__Problem statement__.
Repeat the data in full. Every line must match.

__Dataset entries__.
[Start of Attachment]

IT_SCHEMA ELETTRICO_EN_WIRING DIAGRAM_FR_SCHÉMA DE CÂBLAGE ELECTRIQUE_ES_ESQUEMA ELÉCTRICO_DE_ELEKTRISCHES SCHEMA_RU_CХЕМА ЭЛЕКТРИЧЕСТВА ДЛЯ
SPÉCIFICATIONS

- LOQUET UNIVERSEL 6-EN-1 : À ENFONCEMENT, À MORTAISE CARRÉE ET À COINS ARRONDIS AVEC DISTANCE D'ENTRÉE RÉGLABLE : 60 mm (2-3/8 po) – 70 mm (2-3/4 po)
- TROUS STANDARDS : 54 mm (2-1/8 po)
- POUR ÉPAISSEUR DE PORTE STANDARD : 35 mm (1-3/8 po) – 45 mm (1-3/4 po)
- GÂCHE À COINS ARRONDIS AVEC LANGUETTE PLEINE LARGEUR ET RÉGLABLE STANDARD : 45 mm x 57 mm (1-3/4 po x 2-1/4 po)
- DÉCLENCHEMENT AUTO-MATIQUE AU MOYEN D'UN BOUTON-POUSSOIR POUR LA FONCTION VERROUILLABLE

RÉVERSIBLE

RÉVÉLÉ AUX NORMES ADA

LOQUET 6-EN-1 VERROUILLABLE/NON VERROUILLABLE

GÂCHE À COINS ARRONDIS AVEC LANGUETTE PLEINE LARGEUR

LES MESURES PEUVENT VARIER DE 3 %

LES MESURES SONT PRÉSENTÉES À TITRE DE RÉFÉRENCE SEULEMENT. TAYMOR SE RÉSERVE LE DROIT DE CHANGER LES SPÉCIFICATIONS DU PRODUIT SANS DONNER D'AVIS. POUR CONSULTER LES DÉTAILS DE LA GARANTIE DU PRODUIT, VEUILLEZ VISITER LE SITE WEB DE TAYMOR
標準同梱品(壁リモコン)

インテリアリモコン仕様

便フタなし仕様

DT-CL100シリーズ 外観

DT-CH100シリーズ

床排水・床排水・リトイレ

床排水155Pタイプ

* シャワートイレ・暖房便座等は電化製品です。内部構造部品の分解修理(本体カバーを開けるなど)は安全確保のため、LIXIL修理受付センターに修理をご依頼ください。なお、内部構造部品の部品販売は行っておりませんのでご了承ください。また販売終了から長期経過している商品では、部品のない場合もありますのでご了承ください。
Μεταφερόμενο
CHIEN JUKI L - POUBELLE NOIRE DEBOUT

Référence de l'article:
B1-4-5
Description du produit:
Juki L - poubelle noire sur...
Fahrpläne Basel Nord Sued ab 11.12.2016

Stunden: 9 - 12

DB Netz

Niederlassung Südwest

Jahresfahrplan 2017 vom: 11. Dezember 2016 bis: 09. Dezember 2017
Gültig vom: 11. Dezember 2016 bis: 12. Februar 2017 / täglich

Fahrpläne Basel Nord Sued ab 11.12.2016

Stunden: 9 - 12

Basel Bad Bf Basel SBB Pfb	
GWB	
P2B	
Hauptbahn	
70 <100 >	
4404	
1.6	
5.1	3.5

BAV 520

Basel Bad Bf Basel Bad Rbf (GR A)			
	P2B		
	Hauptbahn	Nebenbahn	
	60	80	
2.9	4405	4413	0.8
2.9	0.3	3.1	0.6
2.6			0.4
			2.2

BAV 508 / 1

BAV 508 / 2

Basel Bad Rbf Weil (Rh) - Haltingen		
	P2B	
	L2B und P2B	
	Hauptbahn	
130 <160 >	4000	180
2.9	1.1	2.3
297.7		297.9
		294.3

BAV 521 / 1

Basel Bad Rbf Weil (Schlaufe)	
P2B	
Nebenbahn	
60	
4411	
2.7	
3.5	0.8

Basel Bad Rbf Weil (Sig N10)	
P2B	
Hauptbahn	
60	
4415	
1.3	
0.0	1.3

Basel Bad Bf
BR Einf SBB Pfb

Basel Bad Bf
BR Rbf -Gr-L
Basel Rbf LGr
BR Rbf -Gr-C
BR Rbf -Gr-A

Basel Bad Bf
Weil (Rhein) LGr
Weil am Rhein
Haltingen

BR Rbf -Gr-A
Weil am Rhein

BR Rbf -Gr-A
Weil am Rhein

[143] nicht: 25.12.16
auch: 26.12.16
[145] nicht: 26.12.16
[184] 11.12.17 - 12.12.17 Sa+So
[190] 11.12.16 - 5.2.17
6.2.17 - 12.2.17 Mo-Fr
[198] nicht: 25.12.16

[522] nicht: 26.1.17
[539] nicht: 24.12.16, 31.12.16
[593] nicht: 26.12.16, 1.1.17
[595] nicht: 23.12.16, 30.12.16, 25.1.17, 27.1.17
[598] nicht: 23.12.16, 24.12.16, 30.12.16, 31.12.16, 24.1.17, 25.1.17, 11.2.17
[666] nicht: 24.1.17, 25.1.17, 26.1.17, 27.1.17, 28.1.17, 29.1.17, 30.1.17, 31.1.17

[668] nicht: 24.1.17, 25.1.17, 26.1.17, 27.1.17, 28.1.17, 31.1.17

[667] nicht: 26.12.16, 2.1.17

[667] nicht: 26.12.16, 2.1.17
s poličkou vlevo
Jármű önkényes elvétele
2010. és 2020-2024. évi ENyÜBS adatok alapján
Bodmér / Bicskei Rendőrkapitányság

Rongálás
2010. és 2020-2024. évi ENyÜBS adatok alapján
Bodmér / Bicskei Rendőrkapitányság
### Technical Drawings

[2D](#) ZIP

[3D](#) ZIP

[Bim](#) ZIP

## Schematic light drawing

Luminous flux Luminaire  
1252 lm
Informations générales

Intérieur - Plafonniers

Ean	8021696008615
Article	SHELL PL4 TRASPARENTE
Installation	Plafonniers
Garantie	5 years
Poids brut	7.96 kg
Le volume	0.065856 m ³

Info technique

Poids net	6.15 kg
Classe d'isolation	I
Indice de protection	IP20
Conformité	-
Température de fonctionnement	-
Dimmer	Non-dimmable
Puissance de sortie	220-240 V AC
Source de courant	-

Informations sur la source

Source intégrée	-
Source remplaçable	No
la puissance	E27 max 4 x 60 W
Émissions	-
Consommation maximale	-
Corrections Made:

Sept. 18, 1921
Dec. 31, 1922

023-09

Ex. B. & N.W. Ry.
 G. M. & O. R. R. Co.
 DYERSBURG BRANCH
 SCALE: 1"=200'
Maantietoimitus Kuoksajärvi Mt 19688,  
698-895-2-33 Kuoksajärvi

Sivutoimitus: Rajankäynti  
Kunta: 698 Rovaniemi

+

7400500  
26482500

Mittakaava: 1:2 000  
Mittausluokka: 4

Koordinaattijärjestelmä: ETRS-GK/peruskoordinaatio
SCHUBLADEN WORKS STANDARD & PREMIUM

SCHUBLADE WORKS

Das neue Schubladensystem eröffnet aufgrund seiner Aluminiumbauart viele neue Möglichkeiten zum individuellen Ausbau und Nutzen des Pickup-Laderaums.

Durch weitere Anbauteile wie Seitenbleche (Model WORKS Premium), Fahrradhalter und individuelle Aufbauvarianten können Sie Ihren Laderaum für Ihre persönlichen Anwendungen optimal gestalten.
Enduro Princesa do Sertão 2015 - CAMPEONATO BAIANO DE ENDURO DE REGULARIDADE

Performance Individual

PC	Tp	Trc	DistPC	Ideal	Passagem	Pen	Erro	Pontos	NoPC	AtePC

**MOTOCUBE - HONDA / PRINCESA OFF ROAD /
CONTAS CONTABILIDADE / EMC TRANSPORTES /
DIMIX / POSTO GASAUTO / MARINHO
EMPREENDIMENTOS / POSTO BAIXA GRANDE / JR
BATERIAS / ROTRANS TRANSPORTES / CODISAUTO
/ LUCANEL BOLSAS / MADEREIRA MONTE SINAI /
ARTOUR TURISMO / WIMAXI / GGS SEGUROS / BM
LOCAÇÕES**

[End of Attachment]

__Problem solution__.
IT_SCHEMA ELETTRICO_EN_WIRING DIAGRAM_FR_SCHÉMA DE CÂBLAGE ELECTRIQUE_ES_ESQUEMA ELÉCTRICO_DE_ELEKTRISCHES SCHEMA_RU_CХЕМА ЭЛЕКТРИЧЕСТВА ДЛЯ
SPÉCIFICATIONS

- LOQUET UNIVERSEL 6-EN-1 : À ENFONCEMENT, À MORTAISE CARRÉE ET À COINS ARRONDIS AVEC DISTANCE D'ENTRÉE RÉGLABLE : 60 mm (2-3/8 po) – 70 mm (2-3/4 po)
- TROUS STANDARDS : 54 mm (2-1/8 po)
- POUR ÉPAISSEUR DE PORTE STANDARD : 35 mm (1-3/8 po) – 45 mm (1-3/4 po)
- GÂCHE À COINS ARRONDIS AVEC LANGUETTE PLEINE LARGEUR ET RÉGLABLE STANDARD : 45 mm x 57 mm (1-3/4 po x 2-1/4 po)
- DÉCLENCHEMENT AUTO-MATIQUE AU MOYEN D'UN BOUTON-POUSSOIR POUR LA FONCTION VERROUILLABLE

RÉVERSIBLE

RÉVÉLÉ AUX NORMES ADA

LOQUET 6-EN-1 VERROUILLABLE/NON VERROUILLABLE

GÂCHE À COINS ARRONDIS AVEC LANGUETTE PLEINE LARGEUR

LES MESURES PEUVENT VARIER DE 3 %

LES MESURES SONT PRÉSENTÉES À TITRE DE RÉFÉRENCE SEULEMENT. TAYMOR SE RÉSERVE LE DROIT DE CHANGER LES SPÉCIFICATIONS DU PRODUIT SANS DONNER D'AVIS. POUR CONSULTER LES DÉTAILS DE LA GARANTIE DU PRODUIT, VEUILLEZ VISITER LE SITE WEB DE TAYMOR
標準同梱品(壁リモコン)

インテリアリモコン仕様

便フタなし仕様

DT-CL100シリーズ 外観

DT-CH100シリーズ

床排水・床排水・リトイレ

床排水155Pタイプ

* シャワートイレ・暖房便座等は電化製品です。内部構造部品の分解修理(本体カバーを開けるなど)は安全確保のため、LIXIL修理受付センターに修理をご依頼ください。なお、内部構造部品の部品販売は行っておりませんのでご了承ください。また販売終了から長期経過している商品では、部品のない場合もありますのでご了承ください。
Μεταφερόμενο
CHIEN JUKI L - POUBELLE NOIRE DEBOUT

Référence de l'article:
B1-4-5
Description du produit:
Juki L - poubelle noire sur...
Fahrpläne Basel Nord Sued ab 11.12.2016

Stunden: 9 - 12

DB Netz

Niederlassung Südwest

Jahresfahrplan 2017 vom: 11. Dezember 2016 bis: 09. Dezember 2017
Gültig vom: 11. Dezember 2016 bis: 12. Februar 2017 / täglich

Fahrpläne Basel Nord Sued ab 11.12.2016

Stunden: 9 - 12

Basel Bad Bf Basel SBB Pfb	
GWB	
P2B	
Hauptbahn	
70 <100 >	
4404	
1.6	
5.1	3.5

BAV 520

Basel Bad Bf Basel Bad Rbf (GR A)			
	P2B		
	Hauptbahn	Nebenbahn	
	60	80	
2.9	4405	4413	0.8
2.9	0.3	3.1	0.6
2.6			0.4
			2.2

BAV 508 / 1

BAV 508 / 2

Basel Bad Rbf Weil (Rh) - Haltingen		
	P2B	
	L2B und P2B	
	Hauptbahn	
130 <160 >	4000	180
2.9	1.1	2.3
297.7		297.9
		294.3

BAV 521 / 1

Basel Bad Rbf Weil (Schlaufe)	
P2B	
Nebenbahn	
60	
4411	
2.7	
3.5	0.8

Basel Bad Rbf Weil (Sig N10)	
P2B	
Hauptbahn	
60	
4415	
1.3	
0.0	1.3

Basel Bad Bf
BR Einf SBB Pfb

Basel Bad Bf
BR Rbf -Gr-L
Basel Rbf LGr
BR Rbf -Gr-C
BR Rbf -Gr-A

Basel Bad Bf
Weil (Rhein) LGr
Weil am Rhein
Haltingen

BR Rbf -Gr-A
Weil am Rhein

BR Rbf -Gr-A
Weil am Rhein

[143] nicht: 25.12.16
auch: 26.12.16
[145] nicht: 26.12.16
[184] 11.12.17 - 12.12.17 Sa+So
[190] 11.12.16 - 5.2.17
6.2.17 - 12.2.17 Mo-Fr
[198] nicht: 25.12.16

[522] nicht: 26.1.17
[539] nicht: 24.12.16, 31.12.16
[593] nicht: 26.12.16, 1.1.17
[595] nicht: 23.12.16, 30.12.16, 25.1.17, 27.1.17
[598] nicht: 23.12.16, 24.12.16, 30.12.16, 31.12.16, 24.1.17, 25.1.17, 11.2.17
[666] nicht: 24.1.17, 25.1.17, 26.1.17, 27.1.17, 28.1.17, 29.1.17, 30.1.17, 31.1.17

[668] nicht: 24.1.17, 25.1.17, 26.1.17, 27.1.17, 28.1.17, 31.1.17

[667] nicht: 26.12.16, 2.1.17

[667] nicht: 26.12.16, 2.1.17
s poličkou vlevo
Jármű önkényes elvétele
2010. és 2020-2024. évi ENyÜBS adatok alapján
Bodmér / Bicskei Rendőrkapitányság

Rongálás
2010. és 2020-2024. évi ENyÜBS adatok alapján
Bodmér / Bicskei Rendőrkapitányság
### Technical Drawings

[2D](#) ZIP

[3D](#) ZIP

[Bim](#) ZIP

## Schematic light drawing

Luminous flux Luminaire  
1252 lm
Informations générales

Intérieur - Plafonniers

Ean	8021696008615
Article	SHELL PL4 TRASPARENTE
Installation	Plafonniers
Garantie	5 years
Poids brut	7.96 kg
Le volume	0.065856 m ³

Info technique

Poids net	6.15 kg
Classe d'isolation	I
Indice de protection	IP20
Conformité	-
Température de fonctionnement	-
Dimmer	Non-dimmable
Puissance de sortie	220-240 V AC
Source de courant	-

Informations sur la source

Source intégrée	-
Source remplaçable	No
la puissance	E27 max 4 x 60 W
Émissions	-
Consommation maximale	-
Corrections Made:

Sept. 18, 1921
Dec. 31, 1922

023-09

Ex. B. & N.W. Ry.
 G. M. & O. R. R. Co.
 DYERSBURG BRANCH
 SCALE: 1"=200'
Maantietoimitus Kuoksajärvi Mt 19688,  
698-895-2-33 Kuoksajärvi

Sivutoimitus: Rajankäynti  
Kunta: 698 Rovaniemi

+

7400500  
26482500

Mittakaava: 1:2 000  
Mittausluokka: 4

Koordinaattijärjestelmä: ETRS-GK/peruskoordinaatio
SCHUBLADEN WORKS STANDARD & PREMIUM

SCHUBLADE WORKS

Das neue Schubladensystem eröffnet aufgrund seiner Aluminiumbauart viele neue Möglichkeiten zum individuellen Ausbau und Nutzen des Pickup-Laderaums.

Durch weitere Anbauteile wie Seitenbleche (Model WORKS Premium), Fahrradhalter und individuelle Aufbauvarianten können Sie Ihren Laderaum für Ihre persönlichen Anwendungen optimal gestalten.
Enduro Princesa do Sertão 2015 - CAMPEONATO BAIANO DE ENDURO DE REGULARIDADE

Performance Individual

PC	Tp	Trc	DistPC	Ideal	Passagem	Pen	Erro	Pontos	NoPC	AtePC

**MOTOCUBE - HONDA / PRINCESA OFF ROAD /
CONTAS CONTABILIDADE / EMC TRANSPORTES /
DIMIX / POSTO GASAUTO / MARINHO
EMPREENDIMENTOS / POSTO BAIXA GRANDE / JR
BATERIAS / ROTRANS TRANSPORTES / CODISAUTO
/ LUCANEL BOLSAS / MADEREIRA MONTE SINAI /
ARTOUR TURISMO / WIMAXI / GGS SEGUROS / BM
LOCAÇÕES**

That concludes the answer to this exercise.